Friday, July 13, 2012

3 Reasons to Reconsider Emerging Market Stock ETFs

Yesterday, June 2, 2011, 14-year old Sukanya Roy rocked the first place trophy at the 2011 Scripps National Spelling Bee. For some reason, I thought of my 14-year old daughter, and wondered whether she could spell “perescii.”

Then my mind shifted to something else entirely. Specifically, I wondered how many Americans could spell the word, “ethnocentrism.“ It is essentially spelled like it sounds. What’s more, it aptly describes the investing tendencies of many Americans.

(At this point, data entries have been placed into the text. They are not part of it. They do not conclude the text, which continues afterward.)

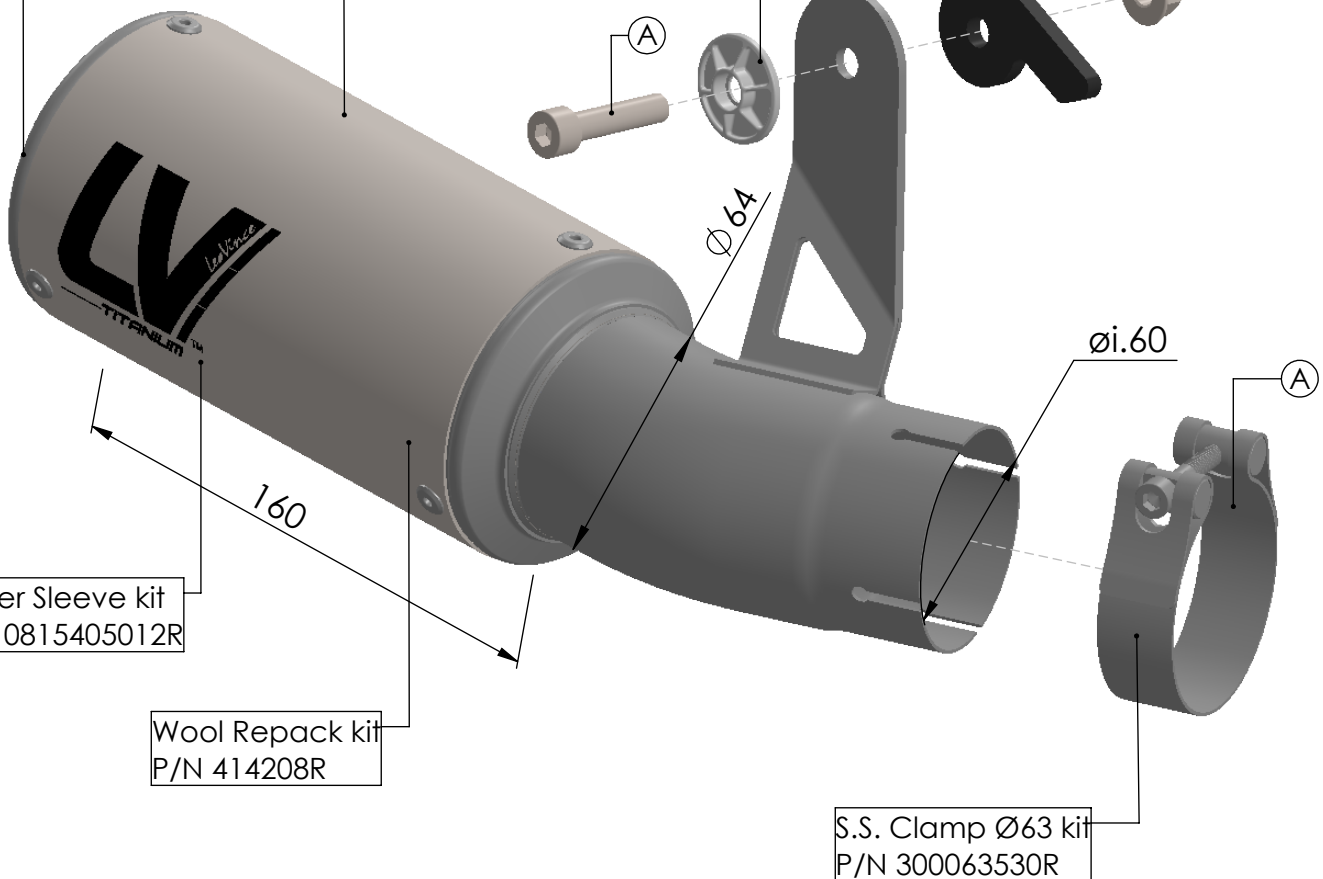

Muffler kit  
P/N 3015407471R

S.S. End Cap kit  
P/N 3015400701R

use original washer

bike's frame

Outer Sleeve kit  
P/N 0815405012R

Wool Repack kit  
P/N 414208R

S.S. Clamp Ø63 kit  
P/N 300063530R

Ⓐ FITTING KIT; P/N 3015407601R

## ART. 15407TU - SPARE PARTS

BMW S 1000 R / S 1000 RR / M 1000 R / M 1000 RR

SLIP-ON LV CORSA TITANIUM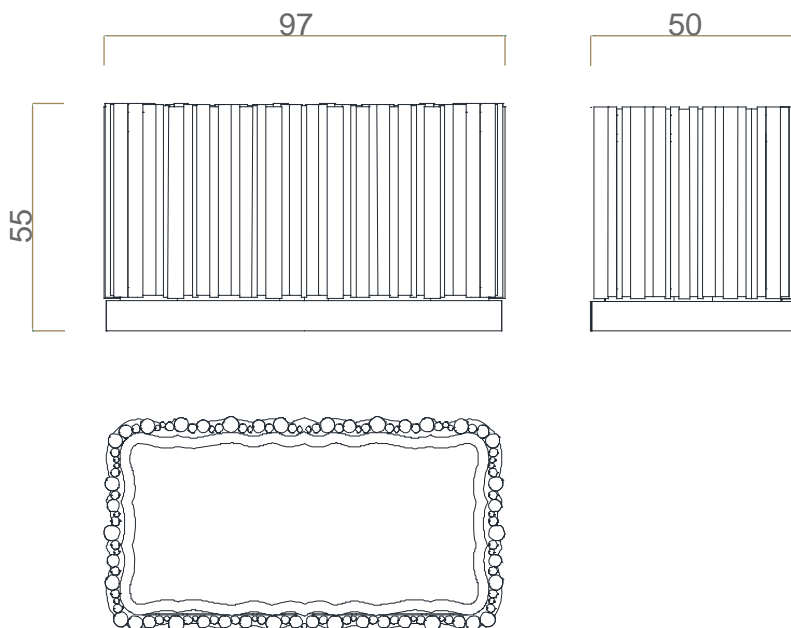

MASTER BEDROOM
COLLECTION

SYMPHONY

NIGHTSTAND

MATERIALS & FINISHES

STANDARD

PRODUCT OPTIONS

Custom colors and finishes are available with an upcharge.
Please contact info@bocadolobo.com

In essence, scores of U.S. investors regard the S&P 500 as the star at the center of the financial universe, while foreign stock benchmarks merely exist like planets in orbit. (I’m as guilty as the next ... no judgments here. And I lived in Southeast Asia for roughly four years.)

Don’t believe it? You may wish to inspect your 401k or brokerage account(s). Although half of the world’s stock market capitalization comes from outside the U.S., many of us only have 0%-20% of foreign stock exposure. (Note: It’s not much different when it comes to advisers. My peers typically recommend 20% or less overseas.)

In truth, we feel more comfortable when we invest in what we know. After all, most of us couldn’t spell Malaysia, let alone identify the country on a map.

That said, emerging market economies are growing 2-3x faster than the U.S. or Europe. It follows that if you want to be more successful in the months and years ahead, you’ll need to lose the ethnocentrism.

Granted, through the prism of 1/1/11-6/3/11, you may have been better off in U.S. ETFs alone. However, emerging market ETFs have been recovering from 2011 lows, whereas U.S. ETFs could be heading in the opposite direction.

Here are three reasons to consider emerging market ETFs right now:

1. Central Banks in Developing Countries Will Soon Shift From Tightening to Neutral: Many an ethnocentric individual has talked about how Japan’s recession adversely impacted U.S. GDP in the first half of 2011. That may be a convenient way of looking at a half-empty American cup.

However, emerging economies like China and India have been deliberately curbing their white hot economies for the past nine months. Japan’s recession may have helped the cause, making it possible for central banks in emerging Asia to stop the rate hikes sooner. In other words, you may not need to fret the end of QE2 in the U.S. when you’ve got the end of tight monetary policy in emerging Asia. (Consider SPDR S&P China GXC.)

2. Japan’s Need to Recover: In the near-term, the world’s third largest economy will certainly rebuild. Countries like Malaysia (EWM) and South Korea (EWY) benefit tremendously from that need, as they are top-of-the-line providers of materials and services to Japan. In fact, since the earthquake/tsunami date of 3/11/11, EWM and EWY are up 5.3% and 11.5% respectively. The S&P 500 SPDR Trust (SPY)? 0%.

3. Changing of the Guard in Relative Strength Percentile Rank: On a chart or in a table, one can examine the year-to-date performance spread between Vanguard Emerging Markets (VWO) and the S&P 500 SPDR Trust (SPY). At one point in March, the difference was as wide as 700 basis points. Today, it is down to roughly 300 basis points.

More importantly, VWO is moving in the right direction over the last three months. Across the entire ETF universe, SPY has traveled from a relative strength percentile rank of 62 to 47; conversely, VWO has journeyed from 40 to 60.

Disclosure: Gary Gordon, MS, CFP is the president of Pacific Park Financial, Inc., a Registered Investment Adviser with the SEC. Gary Gordon, Pacific Park Financial, Inc, and/or its clients may hold positions in the ETFs, mutual funds, and/or any investment asset mentioned above. The commentary does not constitute individualized investment advice. The opinions offered herein are not personalized recommendations to buy, sell or hold securities. At times, issuers of exchange-traded products compensate Pacific Park Financial, Inc. or its subsidiaries for advertising at the ETF Expert web site. ETF Expert content is created independently of any advertising relationships.